## Action item
Reproduce the records exactly, but not the pictures.

## Task inputs
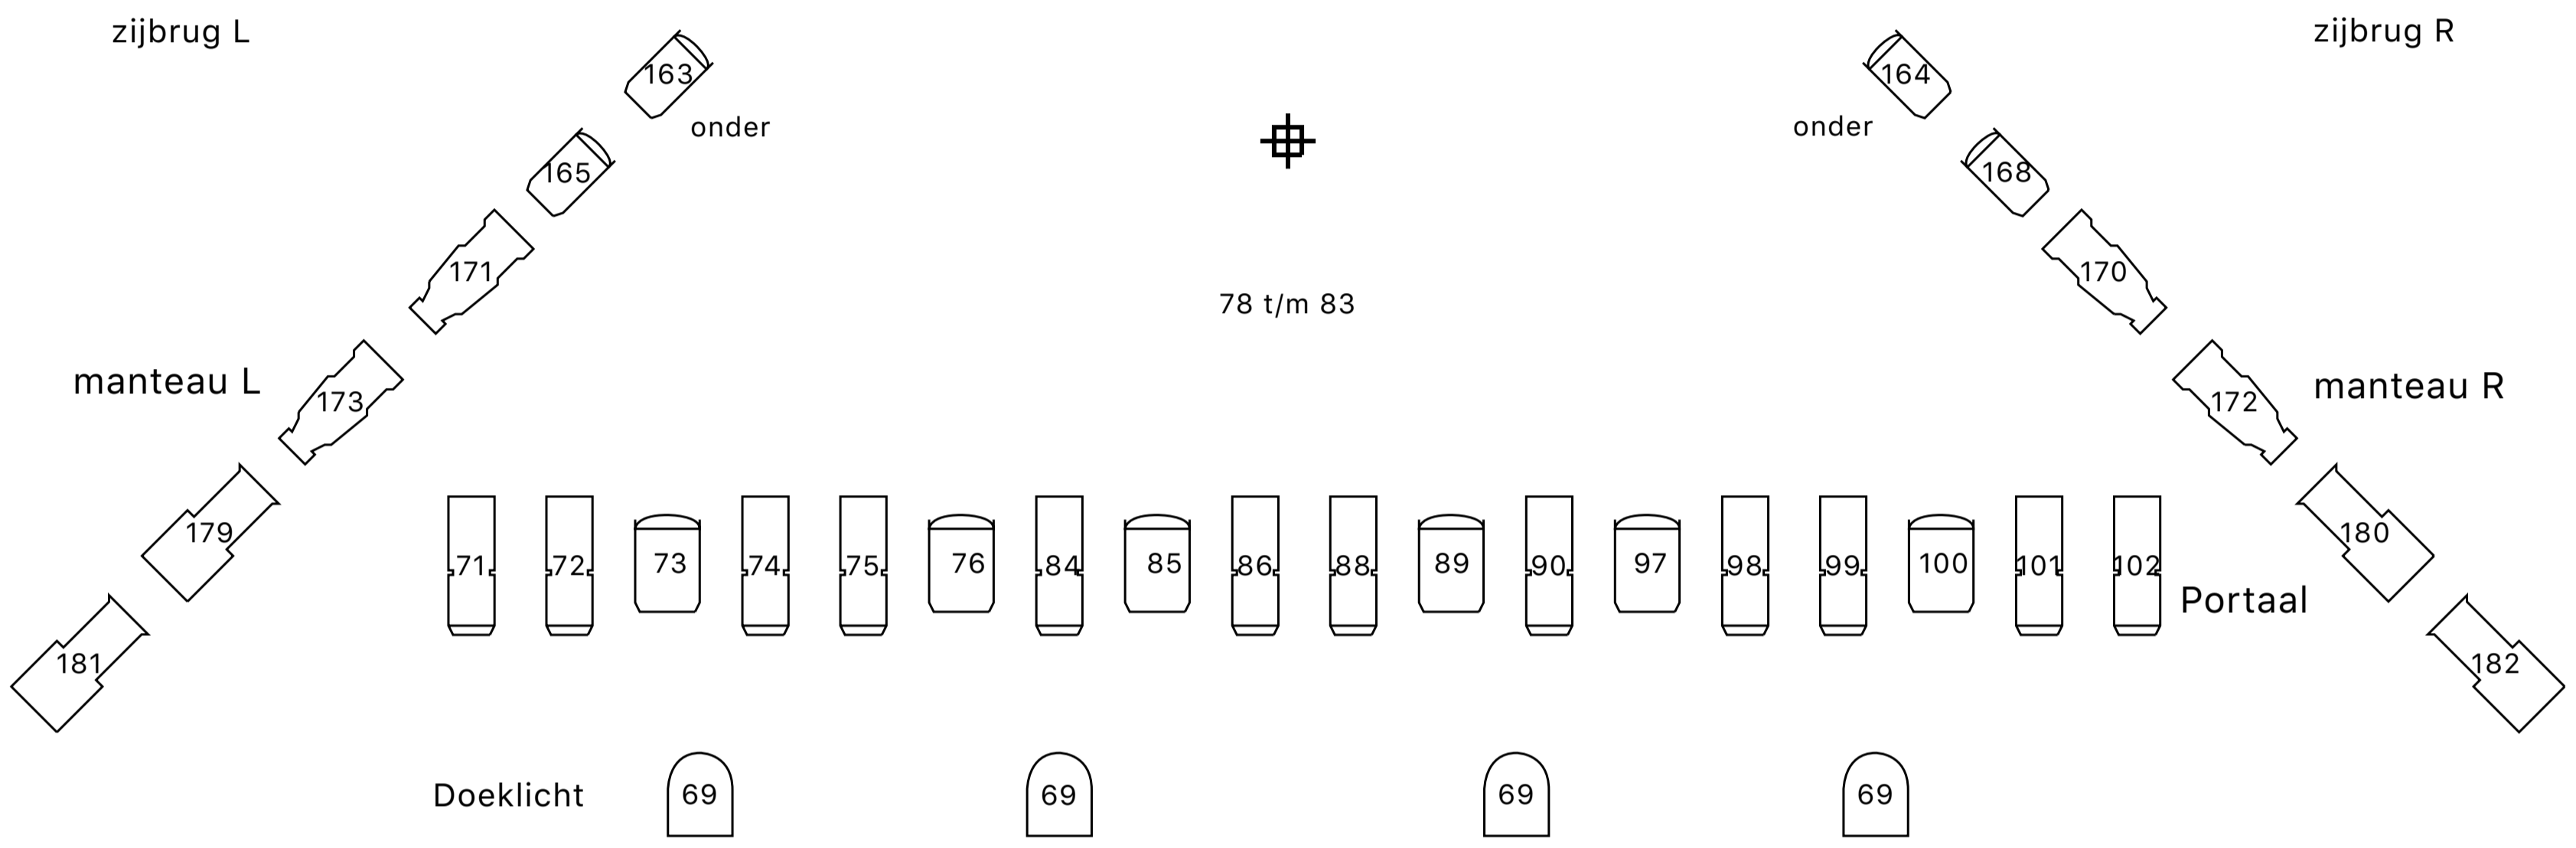

horizon A-251 B-252 C-253 D-254

DE KOM GZ

- Selecon Pacific 14/35 1kw
- Selecon 2kw pc
- Selecon 1kw pc
- 1kw 4hor
- ENIzoom 15/18 1kw
- ETC S4 25/50 750w
- ADB DS 205 13/36 2kw

Los licht

- 12 Selecon 2kw pc
- 4 Selecon 1kw pc
- 4 Selecon Pacific 14/35 1kw
- 10 ETC S4 15/30 750w
- 8 PAR verry narrow
- 4 6-bar medium

zaallicht 319 t/m 323

werklicht regie

## Solution
horizon A-251 B-252 C-253 D-254

DE KOM GZ

- Selecon Pacific 14/35 1kw
- Selecon 2kw pc
- Selecon 1kw pc
- 1kw 4hor
- ENIzoom 15/18 1kw
- ETC S4 25/50 750w
- ADB DS 205 13/36 2kw

Los licht

- 12 Selecon 2kw pc
- 4 Selecon 1kw pc
- 4 Selecon Pacific 14/35 1kw
- 10 ETC S4 15/30 750w
- 8 PAR verry narrow
- 4 6-bar medium

zaallicht 319 t/m 323

werklicht regie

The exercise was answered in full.